Understanding the effects of space travel is complicated by the patient population being studied. Most astronauts are between 35 and 55 years old, clustering in their early to mid-40s, the age when a person’s eyesight usually heads south. For a long time, any ocular discomfort astronauts reported in orbit seemed to vanish once they came home.
And then it didn’t. “Right now we have circumstantial information” from astronauts reporting vision impairment, usually farsightedness, “that has lingered,” Shelhamer says. “You have it after [a stay of] six months. Maybe it’s no worse after a year, but we don’t know that.”
Vision, in part, is what got Kelly the coveted position as America’s first year-round astronaut. The candidate had to have completed a previous space station mission, had to have served as a mission commander, had to be a qualified spacewalker, and had to have been free of serious vision problems. “That cut it down to three or four people,” Kelly says. “And one of them is my backup.”
Kelly acknowledges that he, like most astronauts, has had “vision issues” on all three of his flights. In 1999 he was 35 and had “bad middle vision” for a while. Eight years later, when he commanded STS 118, he was already wearing reading glasses. And in 2010-2011, his eyesight “generally changed in a negative way” while he was aboard the space station, but corrected three months after his return. At present, Kelly, who turns 51 on February 21, wears glasses for distance.

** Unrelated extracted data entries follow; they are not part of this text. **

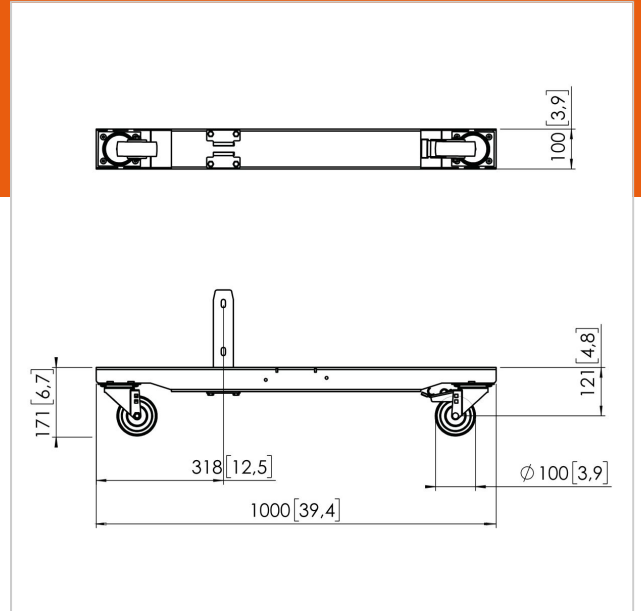

Base de carrito PFT 8920 para 'videowall'

Número de artículo (SKU) 7289200
Color Negro

La PFT 8920 forma parte del sistema Connect-it para 'videowall' universal. Gracias a la modularidad, puedes crear tu propio carrito para un sistema de 'videowall'.

Especificaciones

Número de tipo de producto	PFT 8920
Número de artículo (SKU)	7289200
Color	Negro
Caja individual EAN	8712285336645
Altura	171
Longitud	1000
Anchura	100
Certificación TÜV	Si
Garantía	5 años
Carga máx. de peso (kg)	202.5
Altura regulable	False
Distancia entre los puntos de apoyo de la base (mm)	796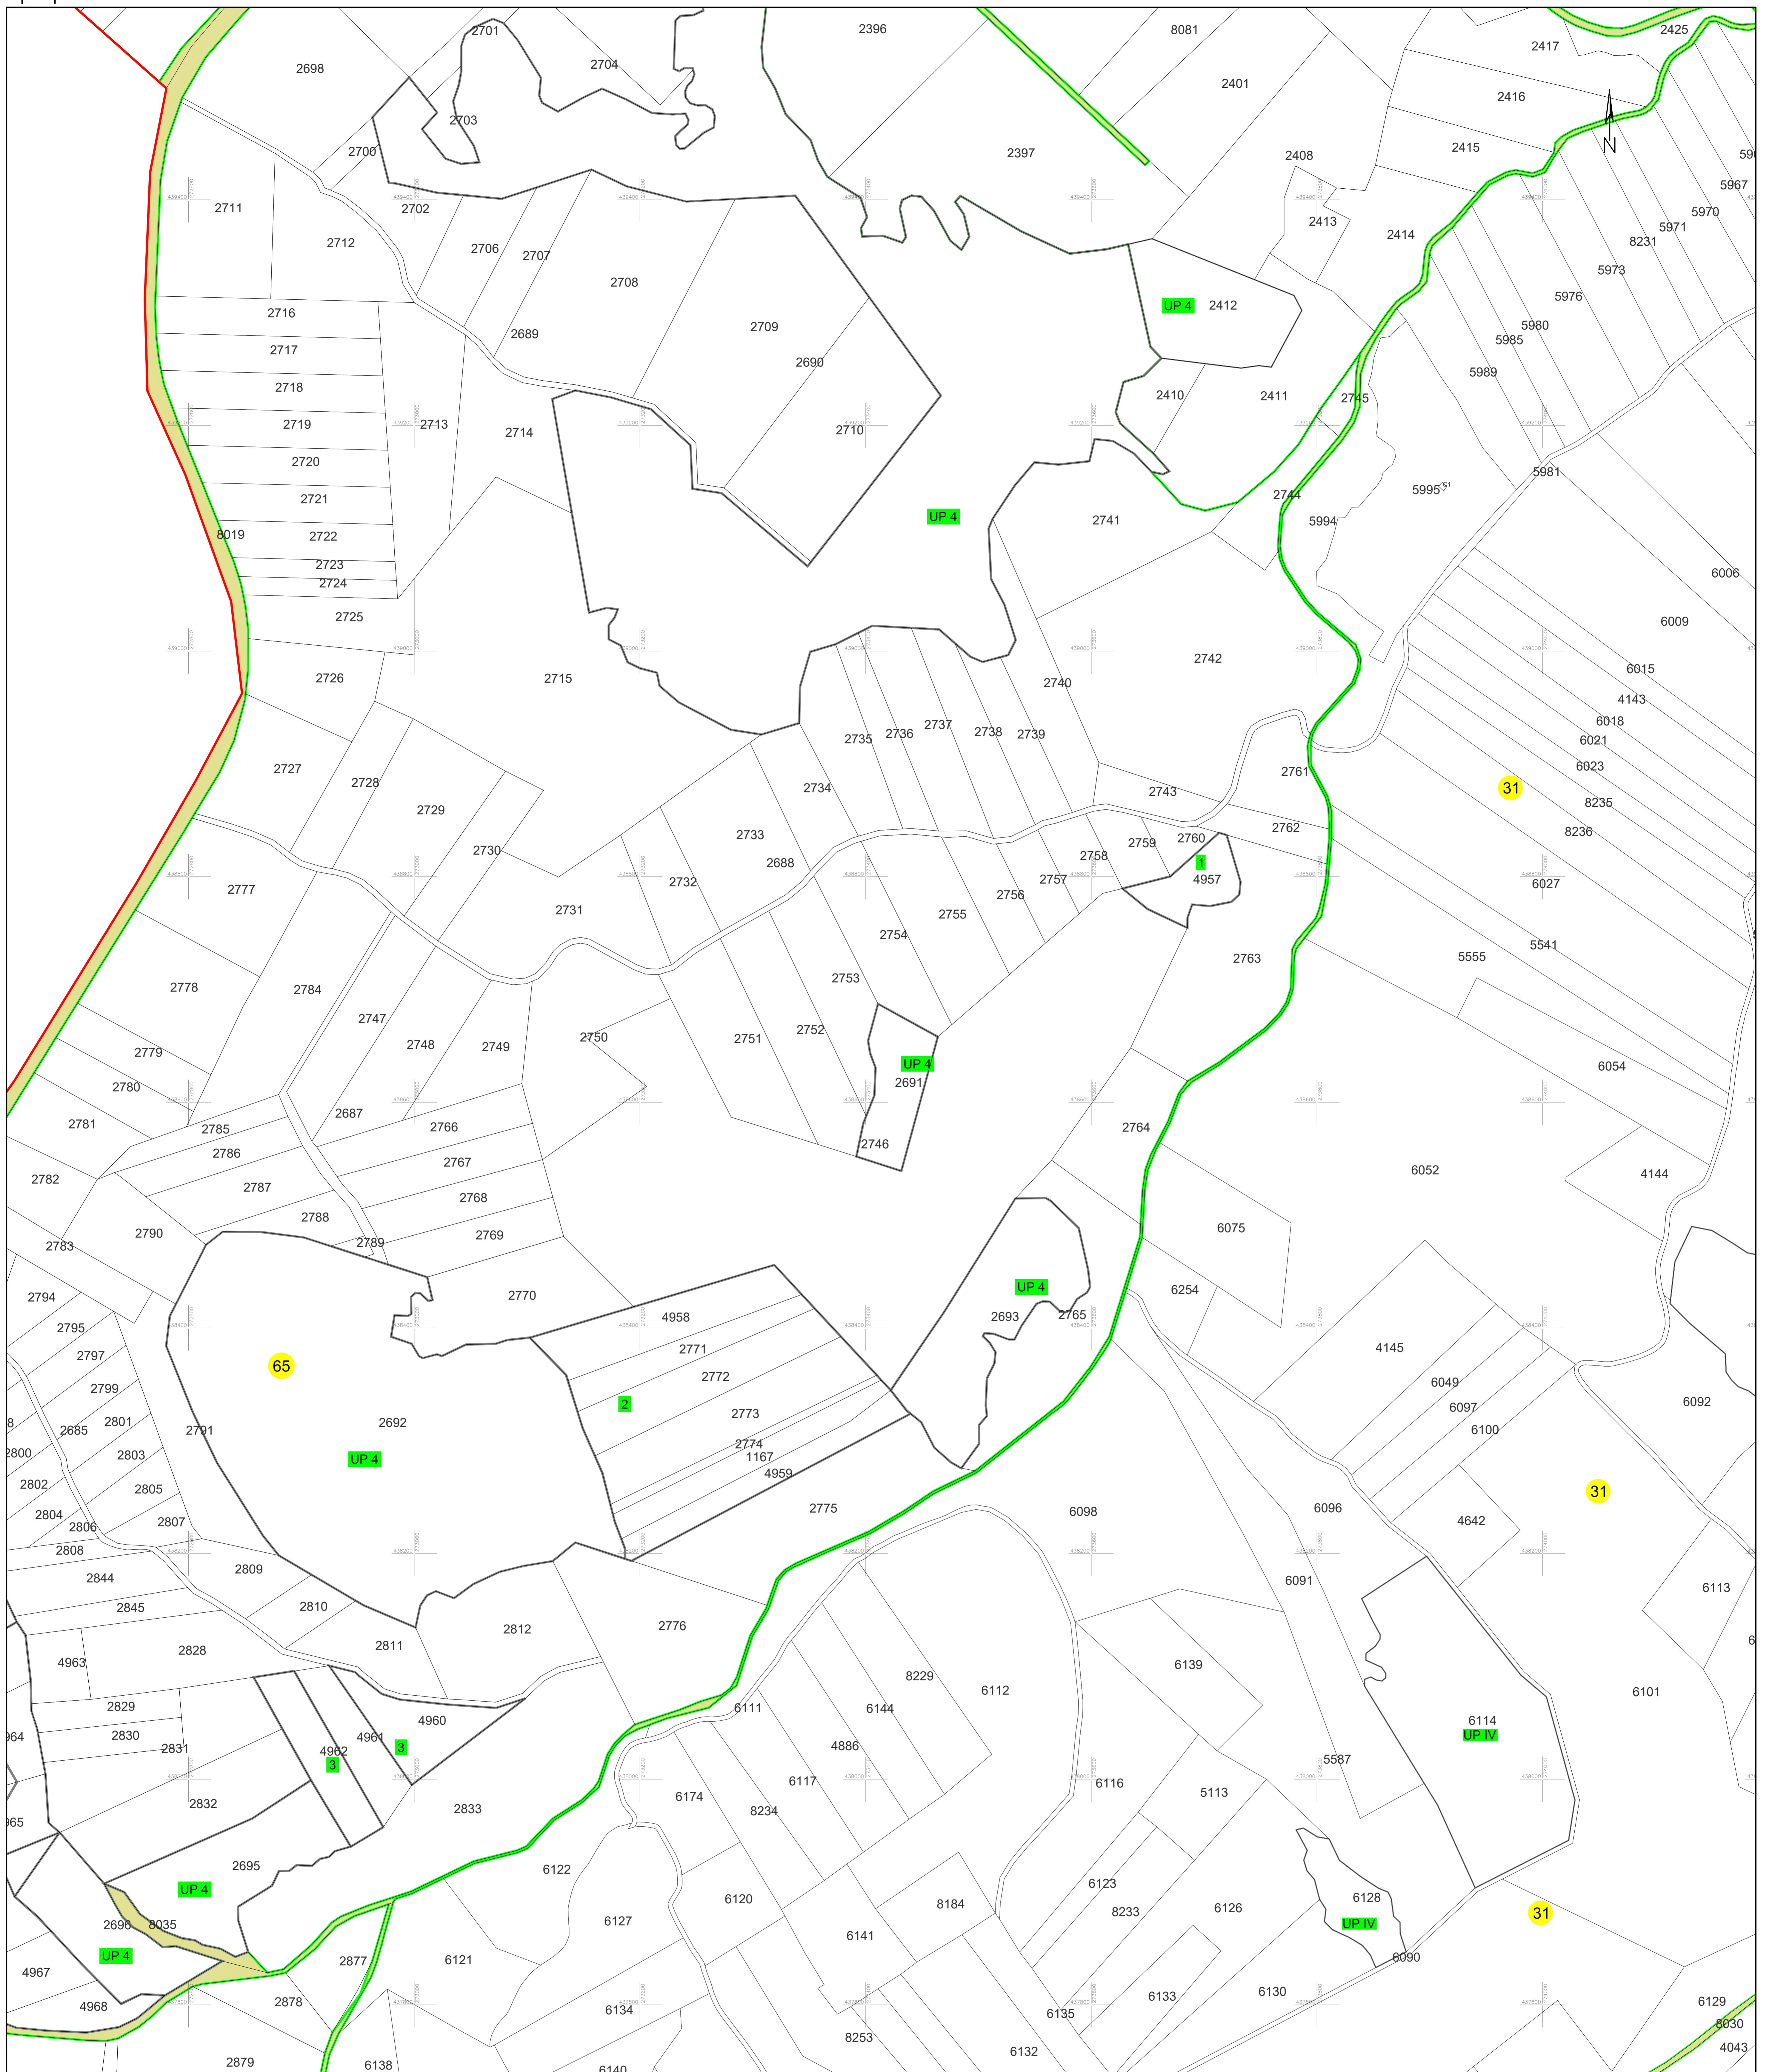

**PLAN CADASTRAL**  
 UAT PĂLTINIȘ, jud. Caraș-Severin  
 Sector cadastral 0  
 Scara 1:2000

Planșa 109  
 Spre publicare

**LEGENDA:**

1	ID imobil
26	Număr poștal
STRADA 1	Denumire arteră
Râul Timiș	Hidrografie
71	Număr sector cadastral
23	Număr tarla/cvartal
— (red)	Limită UAT
— (green)	Limită sector cadastral
— (blue)	Limită intravilan
— (grey)	Limită tarla/cvartal
— (black)	Limită imobil
— (dashed)	Limită construcție definitivă

Kornienko, 54, is also a space station veteran and a spacewalker with only four fewer days in orbit than his crewmate. Drafted out of high school into the Soviet army, he became a paratrooper, then served as a Moscow policeman while he went to engineering school. He joined the cosmonaut corps in 1998, the same year Kelly became an astronaut. He does not wear glasses, Kelly says, but may use contact lenses.

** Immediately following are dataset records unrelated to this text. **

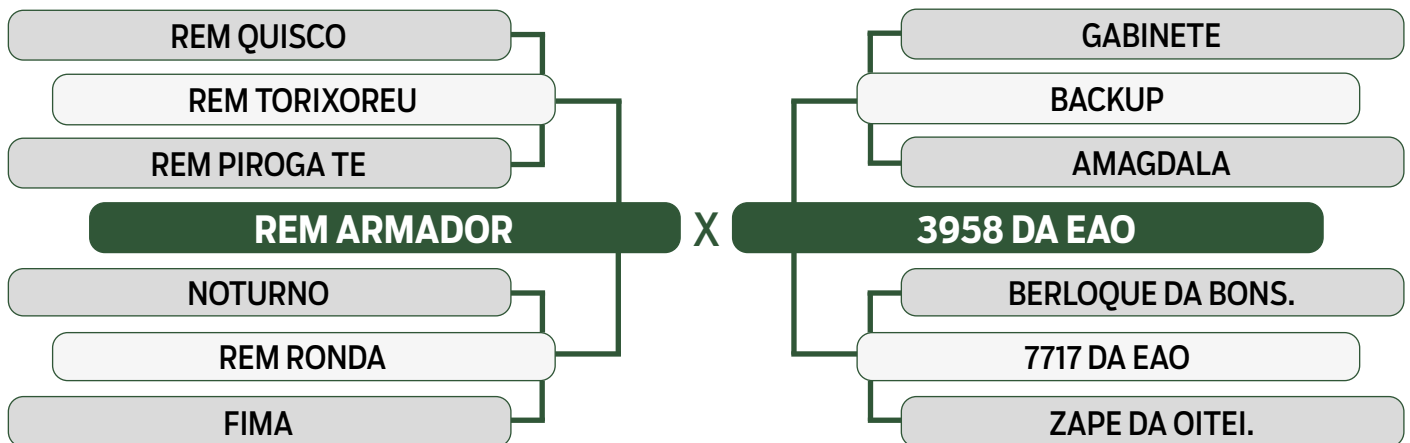

PACOTE COM GARANTIA DE 10 PRENHEZES (TE À FRESCO)

CLIQUE AQUI

PARA VER O VÍDEO DO LOTE

JAPARANDUBA GANAR

ASPIRAÇÃO

2000 ASPIRAÇÃO DIAMANTE

1029 FIV DA EAO

SEXO: FÊMEA • REG: EAO B1029 • RAÇA: NELORE PO • NASC.: 27/05/2019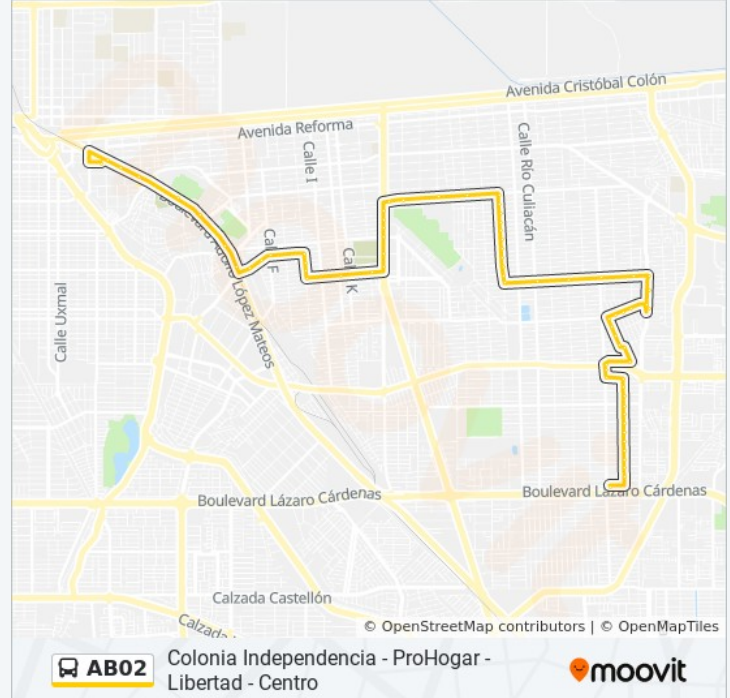

Río Sinaloa / Avenida Doctor Luis Mora

Río Sinaloa / Avenida Leona Vicario

Río Sinaloa / Avenida Hermenegildo Galeana

Río Sinaloa / Avenida Mariano Abasolo

Río Sinaloa / Avenida Ignacio Allende

Río Sinaloa / Avenida Luis De Velasco

Río Sinaloa / Avenida Junípero Serra

Río Sinaloa, 75

Río Sinaloa / Calzada Cuauhtémoc

Calzada Cuauhtémoc, 515

Calzada Cuauhtémoc, 351

Calzada Cuauhtémoc, 63

Calzada Cuauhtémoc, 7

Calzada Justo Sierra, 950_1

Calzada Justo Sierra, 1028

Calzada Justo Sierra / Avenida Carroceros

Calzada Justo Sierra / Avenida Tapiceros

Calzada Justo Sierra, 801

Calzada Justo Sierra / Avenida Madereros Sur

Avenida Marmoleros, 2016

Sentido: Colonia Independecia

69 paradas

[VER HORARIO DE LA LÍNEA](#)

Calle Juárez, 129

Boulevard Adolfo López Mateos, 562a

México

Plaza Cachanilla

Mundo Divertido

Since vision impairment came to the attention of researchers, scientists have floated several theories as to its cause: Bloodstream toxins might put pressure on the eye. Improper technique during exercise sessions might increase fluid pressure in the brain. And as always, radiation remains a suspect.
But NASA’s working hypothesis is that when weightlessness displaces fluid surrounding the brain, some of the excess migrates down the optic nerve sheath until it presses into the back of the eye. This can have grim implications: “The bogeyman is whether [a prolonged increase in cranial pressure] is going to cause other neural impacts—to fine motor coordination, headaches, memory,” Shelhamer says. If it does, “you’ve got a serious, serious problem.”